Records excerpted from a collection:
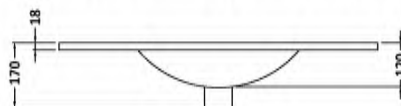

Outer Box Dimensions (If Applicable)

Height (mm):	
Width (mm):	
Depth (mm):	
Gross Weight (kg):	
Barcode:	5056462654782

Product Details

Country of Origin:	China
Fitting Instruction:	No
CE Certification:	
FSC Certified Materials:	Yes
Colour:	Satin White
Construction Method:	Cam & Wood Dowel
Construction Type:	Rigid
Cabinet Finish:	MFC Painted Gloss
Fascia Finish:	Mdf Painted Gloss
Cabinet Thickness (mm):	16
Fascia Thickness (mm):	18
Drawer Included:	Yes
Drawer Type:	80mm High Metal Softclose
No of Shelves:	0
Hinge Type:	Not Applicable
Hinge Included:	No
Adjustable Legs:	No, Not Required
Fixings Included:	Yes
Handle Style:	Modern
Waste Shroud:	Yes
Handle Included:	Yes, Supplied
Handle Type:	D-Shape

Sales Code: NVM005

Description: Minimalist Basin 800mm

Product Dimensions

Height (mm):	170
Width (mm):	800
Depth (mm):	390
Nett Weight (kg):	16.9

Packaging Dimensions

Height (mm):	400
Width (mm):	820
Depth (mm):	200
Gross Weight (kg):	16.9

* * *

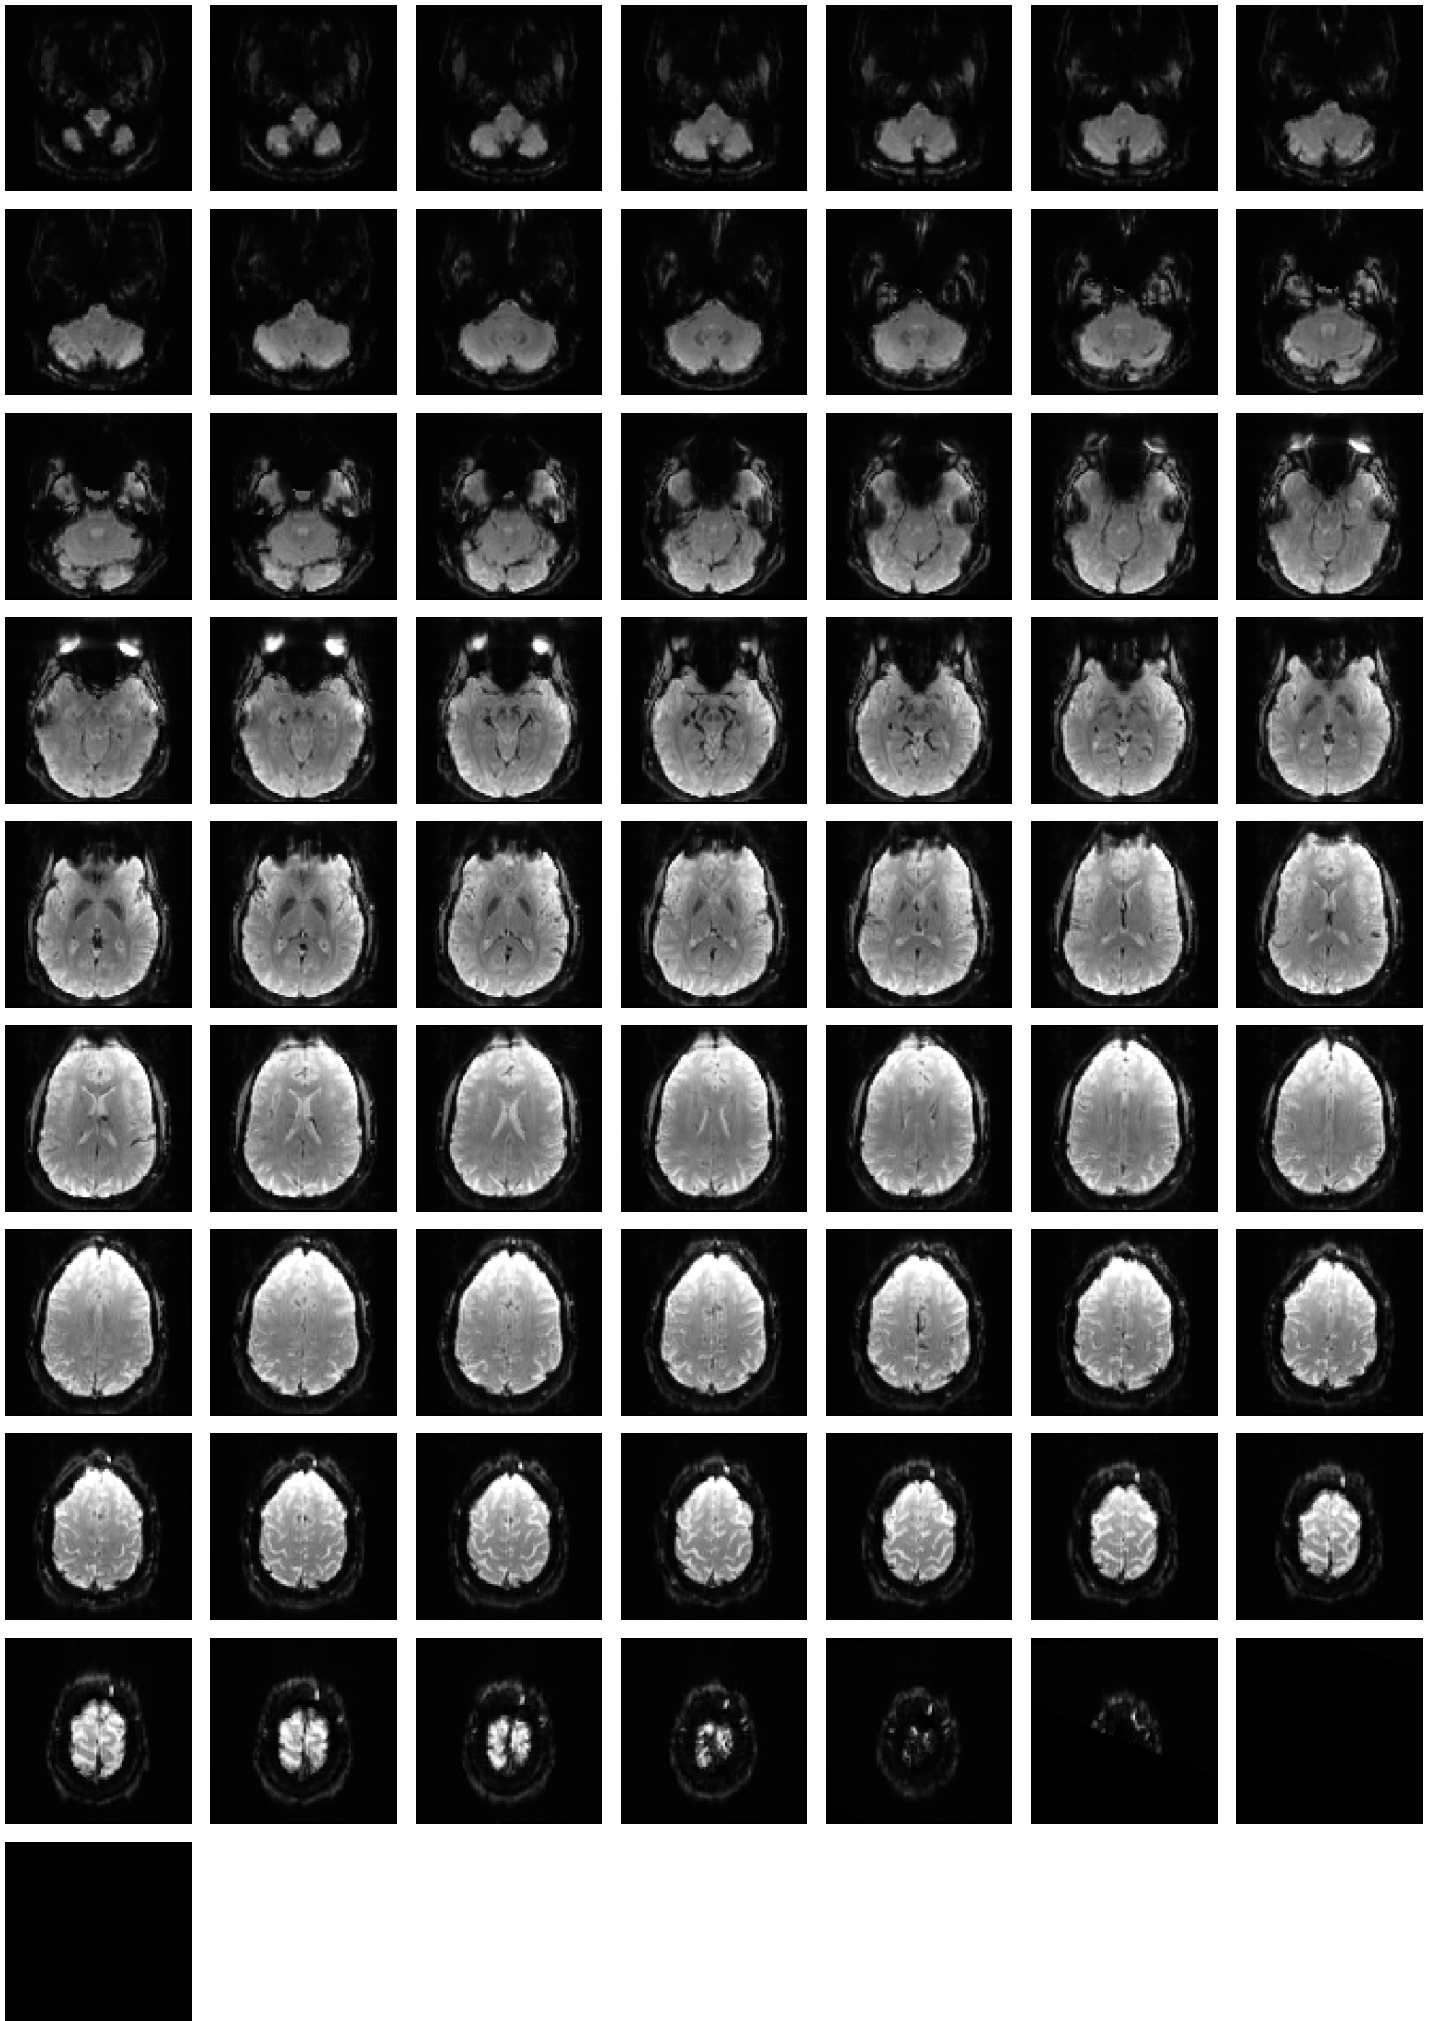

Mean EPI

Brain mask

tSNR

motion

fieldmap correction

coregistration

...

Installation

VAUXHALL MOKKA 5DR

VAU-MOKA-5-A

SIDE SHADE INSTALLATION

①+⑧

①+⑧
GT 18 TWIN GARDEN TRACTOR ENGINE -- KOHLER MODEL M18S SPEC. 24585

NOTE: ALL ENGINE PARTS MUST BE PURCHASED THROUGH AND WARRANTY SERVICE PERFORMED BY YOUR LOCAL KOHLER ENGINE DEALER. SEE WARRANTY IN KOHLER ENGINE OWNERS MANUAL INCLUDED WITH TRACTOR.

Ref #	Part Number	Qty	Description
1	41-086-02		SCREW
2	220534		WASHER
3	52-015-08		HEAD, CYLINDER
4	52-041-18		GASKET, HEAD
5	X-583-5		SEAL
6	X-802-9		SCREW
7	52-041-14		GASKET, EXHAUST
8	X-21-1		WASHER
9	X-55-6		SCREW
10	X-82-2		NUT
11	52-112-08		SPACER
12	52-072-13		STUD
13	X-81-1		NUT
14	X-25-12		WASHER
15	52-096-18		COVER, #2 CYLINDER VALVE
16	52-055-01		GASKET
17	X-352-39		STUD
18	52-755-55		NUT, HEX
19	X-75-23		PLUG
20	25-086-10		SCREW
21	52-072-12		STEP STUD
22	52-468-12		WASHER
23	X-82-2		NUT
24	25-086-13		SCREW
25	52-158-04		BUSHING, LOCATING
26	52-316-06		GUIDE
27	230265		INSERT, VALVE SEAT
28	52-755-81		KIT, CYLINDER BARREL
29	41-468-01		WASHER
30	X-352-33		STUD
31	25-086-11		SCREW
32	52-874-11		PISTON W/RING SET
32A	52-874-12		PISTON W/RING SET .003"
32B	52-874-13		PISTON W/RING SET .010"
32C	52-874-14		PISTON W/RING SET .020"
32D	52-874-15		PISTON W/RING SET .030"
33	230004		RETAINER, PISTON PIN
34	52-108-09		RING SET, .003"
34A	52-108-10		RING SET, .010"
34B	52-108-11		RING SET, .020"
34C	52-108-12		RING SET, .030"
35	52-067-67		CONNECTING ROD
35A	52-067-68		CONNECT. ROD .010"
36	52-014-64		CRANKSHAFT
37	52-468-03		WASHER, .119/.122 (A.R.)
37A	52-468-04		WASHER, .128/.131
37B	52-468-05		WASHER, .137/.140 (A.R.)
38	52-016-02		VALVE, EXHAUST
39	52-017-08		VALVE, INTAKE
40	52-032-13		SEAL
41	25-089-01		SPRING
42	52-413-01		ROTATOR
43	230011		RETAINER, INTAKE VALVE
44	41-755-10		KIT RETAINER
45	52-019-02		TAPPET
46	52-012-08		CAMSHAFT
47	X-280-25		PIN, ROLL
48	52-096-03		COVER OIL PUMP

Task goal
For the word "Finish", please say how many lines in the entries hold it, with only the number as the reply.

Task output
2